From the multiple dropdown list, we compare the performance of
NDVI on September from 2014 to 2015. There is obvious shift towards left from
2014 to 2015, which means the plant became less dense and the preserve is less
healthy for some certain reasons. And it might be the possible cause of the
decreasing of the Pipit Birds. It deserves a deeper research for that.
Because the habitat for Pipit might be grassland rather than
tall trees. Certain areas with relatively low NDVI could be the key factors.
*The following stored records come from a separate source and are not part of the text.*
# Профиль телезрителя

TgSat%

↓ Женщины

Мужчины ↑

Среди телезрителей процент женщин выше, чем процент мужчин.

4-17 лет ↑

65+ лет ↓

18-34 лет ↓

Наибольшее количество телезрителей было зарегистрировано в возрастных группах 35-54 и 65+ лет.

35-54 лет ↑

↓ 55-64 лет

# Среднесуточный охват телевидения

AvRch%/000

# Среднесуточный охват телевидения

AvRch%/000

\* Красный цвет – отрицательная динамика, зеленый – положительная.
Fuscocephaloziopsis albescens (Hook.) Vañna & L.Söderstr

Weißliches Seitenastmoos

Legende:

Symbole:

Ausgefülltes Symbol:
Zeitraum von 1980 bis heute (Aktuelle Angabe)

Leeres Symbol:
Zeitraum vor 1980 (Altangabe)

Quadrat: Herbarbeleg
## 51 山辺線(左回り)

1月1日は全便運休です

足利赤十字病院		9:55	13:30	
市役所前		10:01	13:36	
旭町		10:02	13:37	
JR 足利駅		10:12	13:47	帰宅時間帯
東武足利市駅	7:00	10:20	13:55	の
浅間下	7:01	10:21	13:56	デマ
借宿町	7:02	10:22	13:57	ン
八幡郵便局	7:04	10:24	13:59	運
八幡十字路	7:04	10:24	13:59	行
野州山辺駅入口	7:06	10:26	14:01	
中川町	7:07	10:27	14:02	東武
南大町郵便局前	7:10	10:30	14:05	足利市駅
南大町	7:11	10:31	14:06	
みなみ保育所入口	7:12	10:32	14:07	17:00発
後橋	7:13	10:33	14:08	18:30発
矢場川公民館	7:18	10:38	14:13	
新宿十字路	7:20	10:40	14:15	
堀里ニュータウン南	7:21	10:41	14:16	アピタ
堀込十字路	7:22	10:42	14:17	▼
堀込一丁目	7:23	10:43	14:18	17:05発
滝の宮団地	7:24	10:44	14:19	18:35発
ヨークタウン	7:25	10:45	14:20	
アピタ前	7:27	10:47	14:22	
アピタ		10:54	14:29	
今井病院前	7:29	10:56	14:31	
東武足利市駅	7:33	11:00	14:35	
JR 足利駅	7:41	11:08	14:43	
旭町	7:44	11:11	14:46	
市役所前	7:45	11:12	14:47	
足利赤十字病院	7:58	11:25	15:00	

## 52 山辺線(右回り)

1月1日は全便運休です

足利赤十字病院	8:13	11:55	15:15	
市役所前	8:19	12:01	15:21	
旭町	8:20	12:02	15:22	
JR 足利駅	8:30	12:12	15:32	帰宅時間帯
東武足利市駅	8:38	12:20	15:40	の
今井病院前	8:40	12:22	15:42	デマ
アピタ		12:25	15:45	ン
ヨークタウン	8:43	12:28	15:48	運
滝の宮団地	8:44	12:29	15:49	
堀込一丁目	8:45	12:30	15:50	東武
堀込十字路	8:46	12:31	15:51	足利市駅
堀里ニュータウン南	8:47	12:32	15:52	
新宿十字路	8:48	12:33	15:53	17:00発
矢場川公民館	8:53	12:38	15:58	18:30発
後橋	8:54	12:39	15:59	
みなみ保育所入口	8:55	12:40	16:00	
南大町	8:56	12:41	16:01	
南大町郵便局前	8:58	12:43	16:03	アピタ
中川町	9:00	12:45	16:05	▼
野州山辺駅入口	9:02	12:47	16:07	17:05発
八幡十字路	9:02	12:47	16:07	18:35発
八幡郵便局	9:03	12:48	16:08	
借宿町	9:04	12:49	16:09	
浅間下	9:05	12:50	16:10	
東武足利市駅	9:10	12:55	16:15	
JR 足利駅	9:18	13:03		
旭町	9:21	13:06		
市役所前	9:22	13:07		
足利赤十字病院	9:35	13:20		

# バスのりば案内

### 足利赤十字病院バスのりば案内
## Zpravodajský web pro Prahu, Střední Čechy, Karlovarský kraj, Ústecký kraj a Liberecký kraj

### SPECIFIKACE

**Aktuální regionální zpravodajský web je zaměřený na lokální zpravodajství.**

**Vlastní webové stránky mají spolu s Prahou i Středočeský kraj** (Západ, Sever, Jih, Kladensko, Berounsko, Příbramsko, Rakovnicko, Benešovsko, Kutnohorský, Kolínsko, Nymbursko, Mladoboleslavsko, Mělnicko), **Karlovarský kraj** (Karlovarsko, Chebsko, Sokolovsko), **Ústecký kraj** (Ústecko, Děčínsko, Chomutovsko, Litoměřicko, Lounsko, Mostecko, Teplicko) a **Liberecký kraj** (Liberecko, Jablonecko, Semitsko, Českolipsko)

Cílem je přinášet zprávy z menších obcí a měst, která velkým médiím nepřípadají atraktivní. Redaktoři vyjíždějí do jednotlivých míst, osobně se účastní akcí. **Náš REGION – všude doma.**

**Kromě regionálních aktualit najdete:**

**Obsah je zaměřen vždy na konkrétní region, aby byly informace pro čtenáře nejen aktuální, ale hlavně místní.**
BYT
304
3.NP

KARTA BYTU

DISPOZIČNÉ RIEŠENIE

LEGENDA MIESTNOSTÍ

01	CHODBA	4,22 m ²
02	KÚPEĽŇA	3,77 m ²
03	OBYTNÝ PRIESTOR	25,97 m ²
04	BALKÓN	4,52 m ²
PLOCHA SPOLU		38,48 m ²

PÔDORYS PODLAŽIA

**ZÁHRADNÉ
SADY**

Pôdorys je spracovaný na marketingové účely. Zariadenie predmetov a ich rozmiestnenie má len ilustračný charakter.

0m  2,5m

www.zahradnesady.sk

Although the overall NDVI can be improved, further research is required to focus
more on the target areas that can be the habitat of Pipit
By using NDSI, we can
compare the snow coverage between 2014 and 2016. And the area graph shifted
left from Dec 2014 to Dec 2016, which showed that the snow coverage became
smaller and that the temperature became higher during this period. In addition,
by using NDMI, we can see that the area graph shifted right, which meant the
moisture became higher from Jun 2015 to Jun 2016. And the area graph came can
show us this kind of change more direct.
We use the difference of NDVI between 2015-06 and 2016-06 to
find the place which plant become less healthy. In addition, we use the
difference of NBR between 2015-06 and 2016-06 to find the burned area.
In conclusion, the plant
health became less healthy and we knew its region, temperature and moisture
became higher. These changes might be caused by human activities or the
manufacturing progress or other factors. However, more imagery information is
required to study into this further.